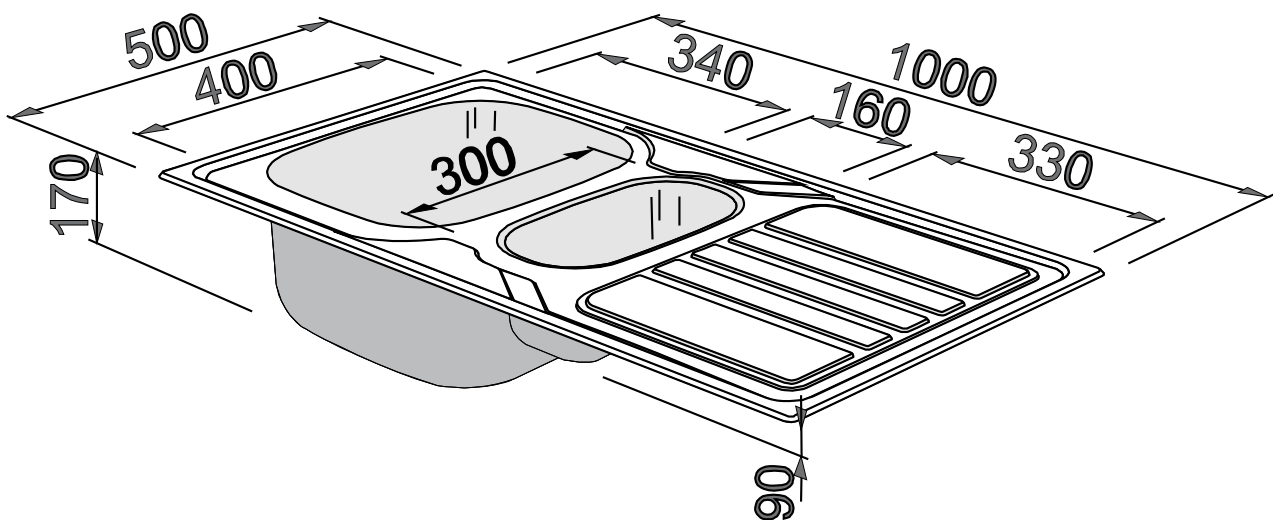

**BOURGOGNE – ÉVIER AVEC 1,5 BASSINS**

**SKU 241704**

---

**BOURGOGNE – ÉVIER AVEC 1,5 BASSINS****SKU 241704**

<u>Dimensions:</u>	largeur: 1000 mm profondeur: 500 mm hauteur: 170 mm
<u>Découpe:</u>	976 x 476 mm, radius 10
<u>Bassins:</u>	340 x 400 x 168 mm 300 x 160 x 93 mm
<u>Matériel:</u>	acier inoxydable 304 - lisse brillant épaisseur inox: 0,7 mm
<u>Caractéristiques:</u>	- évier à encastrer - avec 1,5 bassins et égouttoir - pour armoire: 600 mm - modèle réversible - avec set de fixation, crépine et trop-plein - easy clean - sans siphon
<u>Option:</u>	Siphon à choisir entre: - sku 249113: Van Marcke - sku 132804: Geberit
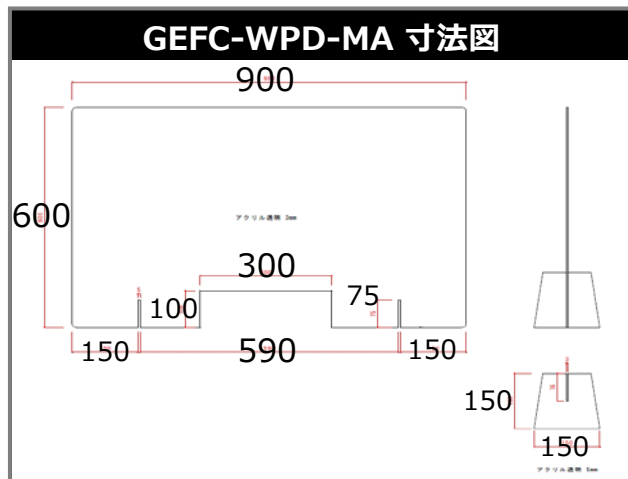

# 透明なアクリルボードでスペースを区切ります。

GEFC-WPD-M【開口なし】

GEFC-WPD-M寸法図

GEFC-WPD-MA【開口あり】

GEFC-WPD-MA 寸法図

## 共通仕様

- 本体ボード材質：アクリル透明3mm厚
- 脚部ボード材質：アクリル透明5mm厚 ※屋内でのみ使用可能

工事不要！置くだけで設置可能

ボードを脚にはめ込むだけなのでオフィスでも簡単にパーソナル空間を作り出すことができます。

透明度の高いアクリルを使用

透明度の高いアクリルを使用しているため、視界を妨げることなく快適に使用できます。

## 開口なしタイプ

型番	サイズ	定価
GEFC-WPD-S	W540×H600mm	¥15,000
GEFC-WPD-M	W900×H600mm	¥21,000
GEFC-WPD-L	W1090×H600mm	¥27,000

## 開口ありタイプ

型番	サイズ	定価
GEFC-WPD-SA	W540×H600mm	¥17,000
GEFC-WPD-MA	W900×H600mm	¥23,000
GEFC-WPD-LA	W1090×H600mm	¥29,000
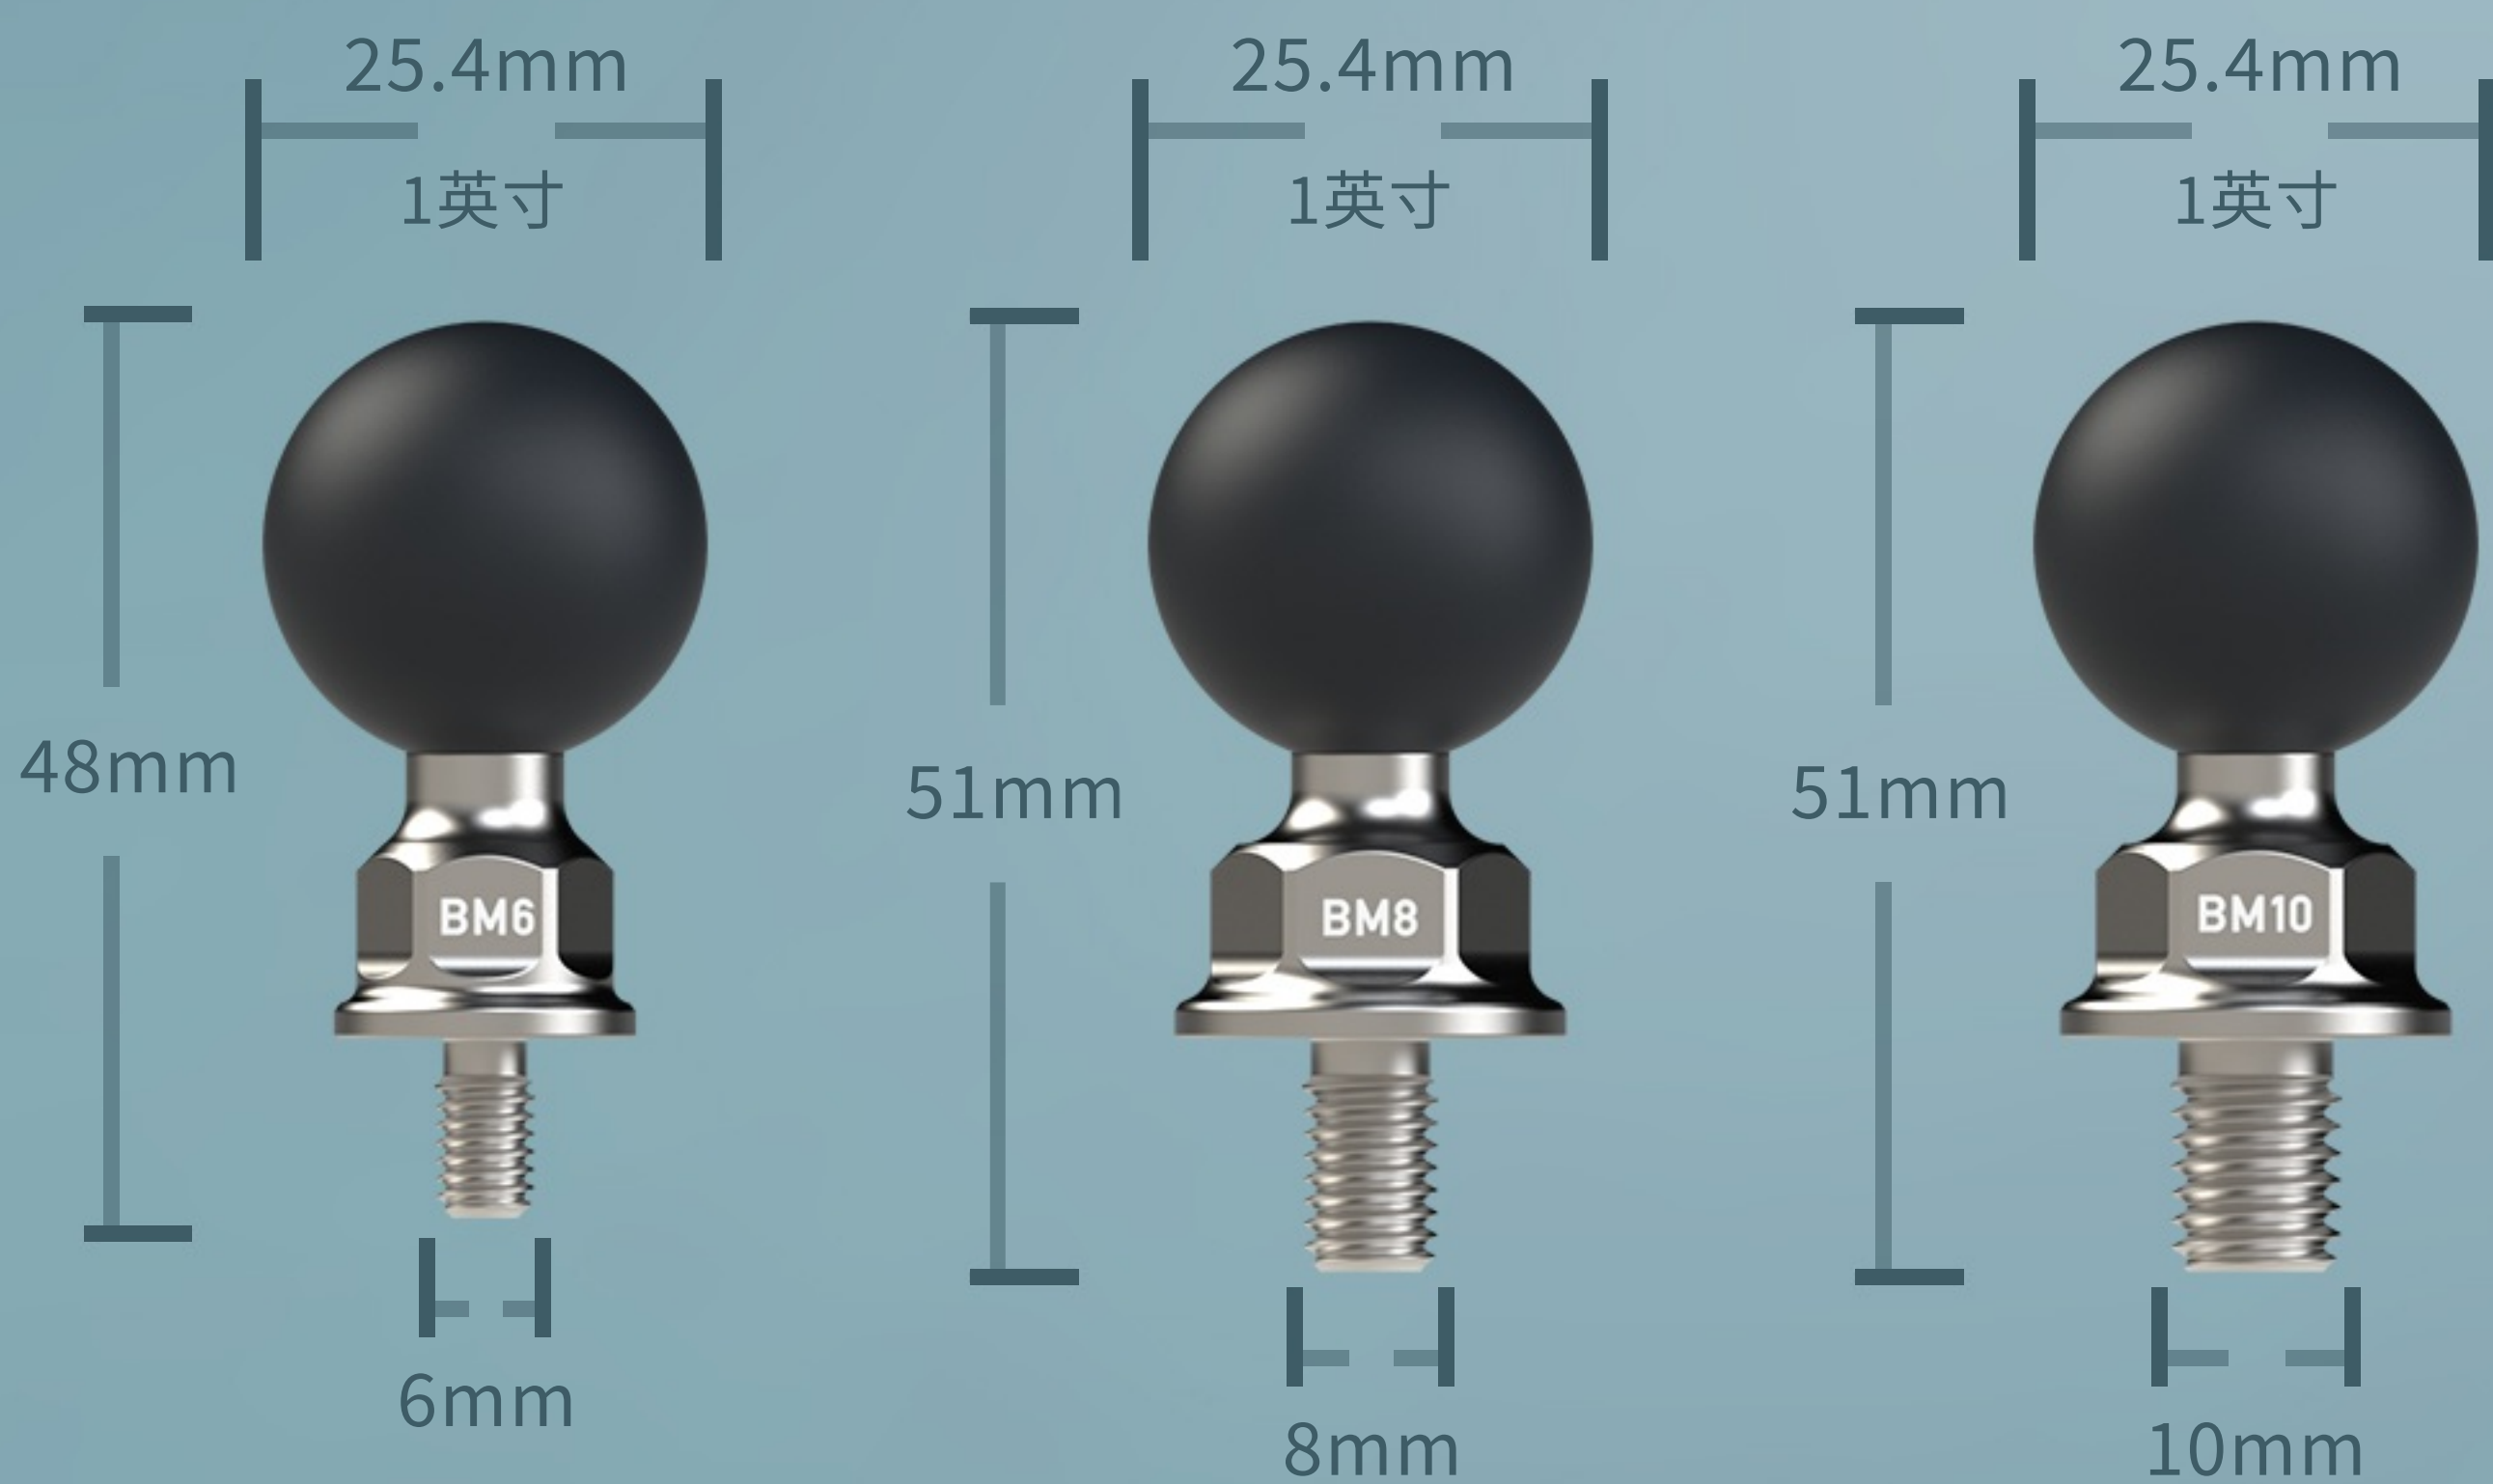

Outplorer 拓境者

球头螺丝

BM 系列

 Outplorer

BM6 / BM8 / BM10
球头螺丝

模块化设计

Outplorer拓境者空气减震支架系列产品采用**模块化设计**，不同模块之间形成组合来适应不同的场景和载体，给骑行爱好者更自由的动手空间和玩法选择。

产品参数

尺寸测量均为人工操作，因此存在些许公差，
请您谅解！

25.4mm (1英寸)
标准钢芯球头

名称

球头螺丝

型号

BM6 / BM8 / BM10

材质

不锈钢、TPR

------------------------------------

Description of the task: The expected reply is a number only, the tally of lines in the data where the word "GEFC" is found.

Problem solution: 10